_What to work on_
Every entry gets copied exactly. No images go into the copy.

_Data for review_
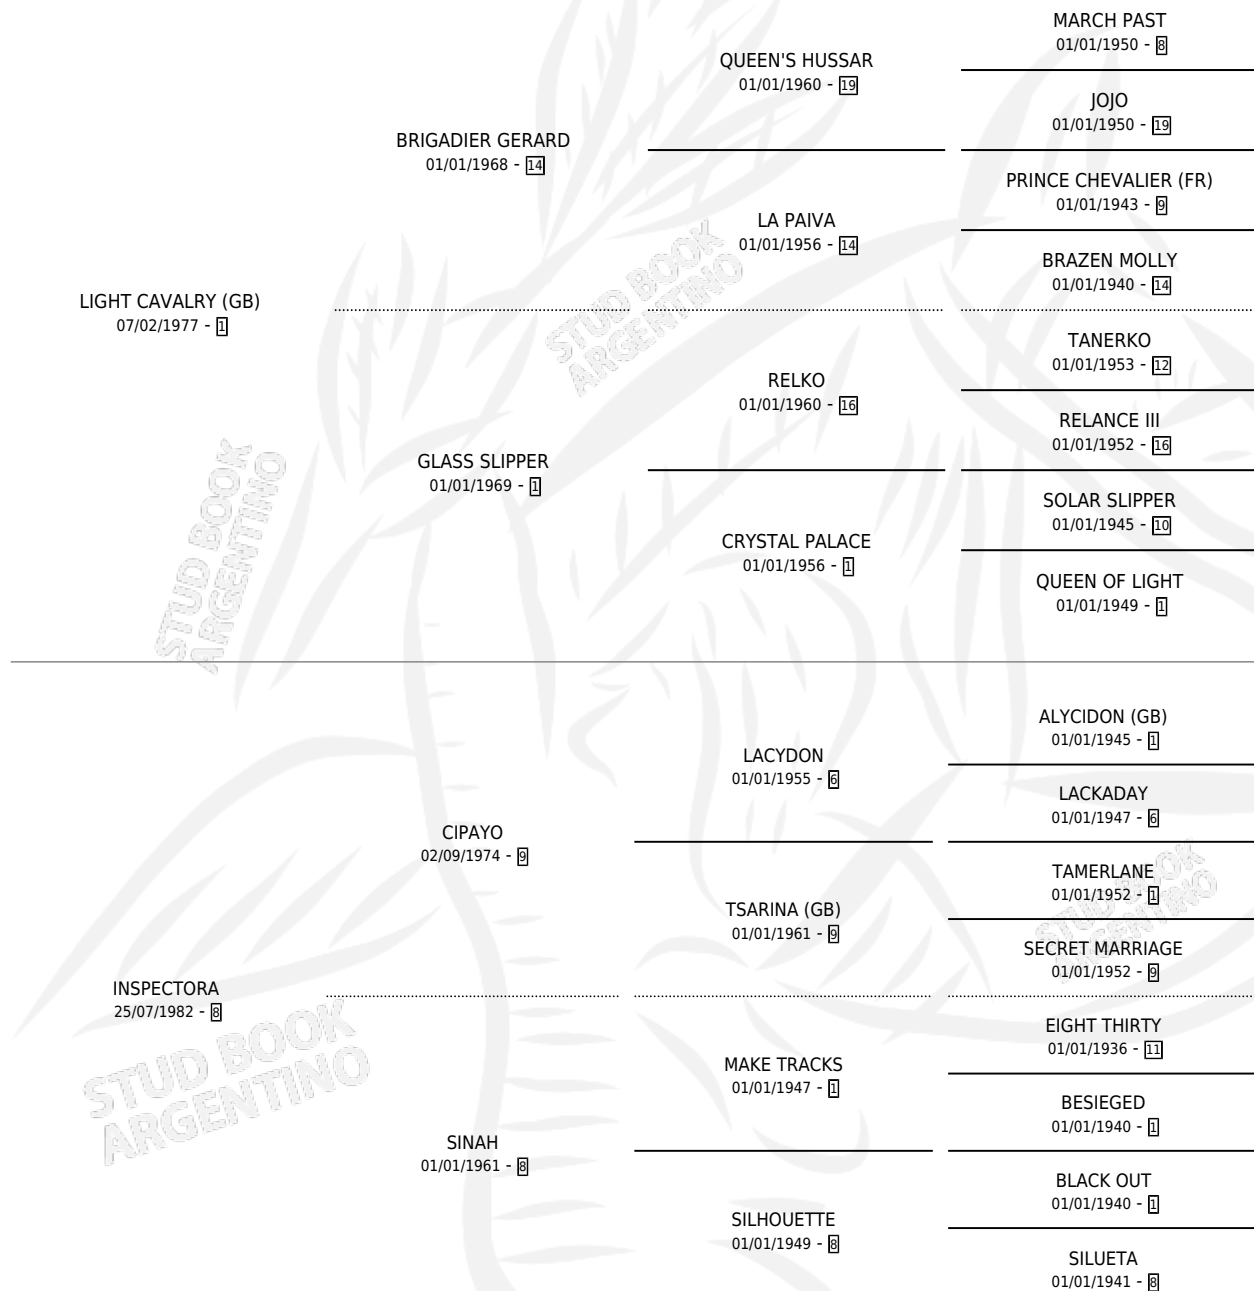

# INSPECTORA LIGHT

por LIGHT CAVALRY (GB) y INSPECTORA por CIPAYO

Argentina · Hembra · Zaino · SP · 13/10/1991  
Familia 8-j · Volumen 34

## ESTADO

TIPIFICACIÓN SANGUÍNEA	✓
TIPIFICACIÓN POR ADN	X
PASAPORTE	X
IDENTIFICACIÓN POR MICROCHIP	X
REPRODUCTOR	X

**Lugar de nacimiento:** La Biznaga

**Criador:** La Biznaga

## EXPORTACIÓN / IMPORTACIÓN

FECHA	MOVIMIENTO	PAÍS
01/10/1992	EXPORTADO	CHILE

_Response area_
# INSPECTORA LIGHT

por LIGHT CAVALRY (GB) y INSPECTORA por CIPAYO

Argentina · Hembra · Zaino · SP · 13/10/1991  
Familia 8-j · Volumen 34

## ESTADO

TIPIFICACIÓN SANGUÍNEA	✓
TIPIFICACIÓN POR ADN	X
PASAPORTE	X
IDENTIFICACIÓN POR MICROCHIP	X
REPRODUCTOR	X

**Lugar de nacimiento:** La Biznaga

**Criador:** La Biznaga

## EXPORTACIÓN / IMPORTACIÓN

FECHA	MOVIMIENTO	PAÍS
01/10/1992	EXPORTADO	CHILE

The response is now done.